→ Work request: Your task is to restate every entry below word for word and omit the images.

****

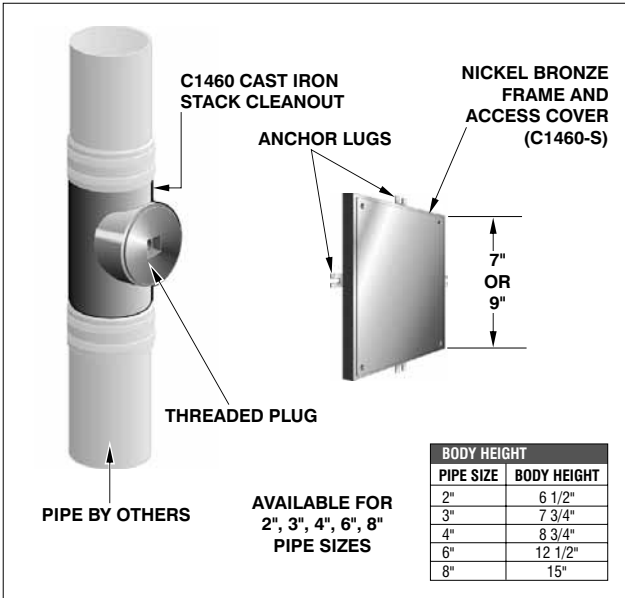

C1460-RD SERIES CAST IRON STACK CLEANOUT W/PLUG & ROUND STAINLESS STEEL SMOOTH ACCESS COVER & SCREW C1460-RD SERIES

CLEANOUTS

BODY HEIGHT	
PIPE SIZE	BODY HEIGHT
2"	6 1/2"
3"	7 3/4"
4"	8 3/4"
6"	12 1/2"
8"	15"

AVAILABLE FOR
2", 3", 4", 6", 8"
PIPE SIZES

C1460-RD CAST IRON STACK CLEANOUT WITH PLUG AND STAINLESS STEEL SMOOTH ACCESS COVER

MODEL NUMBER	WT. Lbs	PIPE SIZE	BODY HEIGHT	COVER DIAMETER	LIST PRICE
C1462-RD5	4.00	2"	6 1/2"	5"	\$187.00
C1463-RD5	6.00	3"	7 3/4"	5"	\$215.00
C1464-RD6	8.00	4"	8 3/4"	6"	\$317.00
C1466-RD8	22.00	6"	12 1/2"	8"	\$805.00
C1468-RD10	26.00	8"	15"	10"	\$965.00

C1460-RD OPTIONAL VARIATIONS:

SUFFIX	DESCRIPTION	LIST PRICE
-6	Security screws (H-1086A)	\$ 36.00
-87	Longer screw over 3 1/2", per inch	\$ 9.00

C1460-S SERIES CAST IRON STACK CLEANOUT W/PLUG & SQUARE NICKEL BRONZE ACCESS COVER C1460-S SERIES

BODY HEIGHT	
PIPE SIZE	BODY HEIGHT
2"	6 1/2"
3"	7 3/4"
4"	8 3/4"
6"	12 1/2"
8"	15"

AVAILABLE FOR
2", 3", 4", 6", 8"
PIPE SIZES

C1460-S CAST IRON STACK CLEANOUT WITH PLUG AND SQUARE NICKEL BRONZE ACCESS COVER

****

→ Answer to the problem:
C1460-RD SERIES CAST IRON STACK CLEANOUT W/PLUG & ROUND STAINLESS STEEL SMOOTH ACCESS COVER & SCREW C1460-RD SERIES

CLEANOUTS

BODY HEIGHT	
PIPE SIZE	BODY HEIGHT
2"	6 1/2"
3"	7 3/4"
4"	8 3/4"
6"	12 1/2"
8"	15"

AVAILABLE FOR
2", 3", 4", 6", 8"
PIPE SIZES

C1460-RD CAST IRON STACK CLEANOUT WITH PLUG AND STAINLESS STEEL SMOOTH ACCESS COVER

MODEL NUMBER	WT. Lbs	PIPE SIZE	BODY HEIGHT	COVER DIAMETER	LIST PRICE
C1462-RD5	4.00	2"	6 1/2"	5"	\$187.00
C1463-RD5	6.00	3"	7 3/4"	5"	\$215.00
C1464-RD6	8.00	4"	8 3/4"	6"	\$317.00
C1466-RD8	22.00	6"	12 1/2"	8"	\$805.00
C1468-RD10	26.00	8"	15"	10"	\$965.00

C1460-RD OPTIONAL VARIATIONS:

SUFFIX	DESCRIPTION	LIST PRICE
-6	Security screws (H-1086A)	\$ 36.00
-87	Longer screw over 3 1/2", per inch	\$ 9.00

C1460-S SERIES CAST IRON STACK CLEANOUT W/PLUG & SQUARE NICKEL BRONZE ACCESS COVER C1460-S SERIES

BODY HEIGHT	
PIPE SIZE	BODY HEIGHT
2"	6 1/2"
3"	7 3/4"
4"	8 3/4"
6"	12 1/2"
8"	15"

AVAILABLE FOR
2", 3", 4", 6", 8"
PIPE SIZES

C1460-S CAST IRON STACK CLEANOUT WITH PLUG AND SQUARE NICKEL BRONZE ACCESS COVER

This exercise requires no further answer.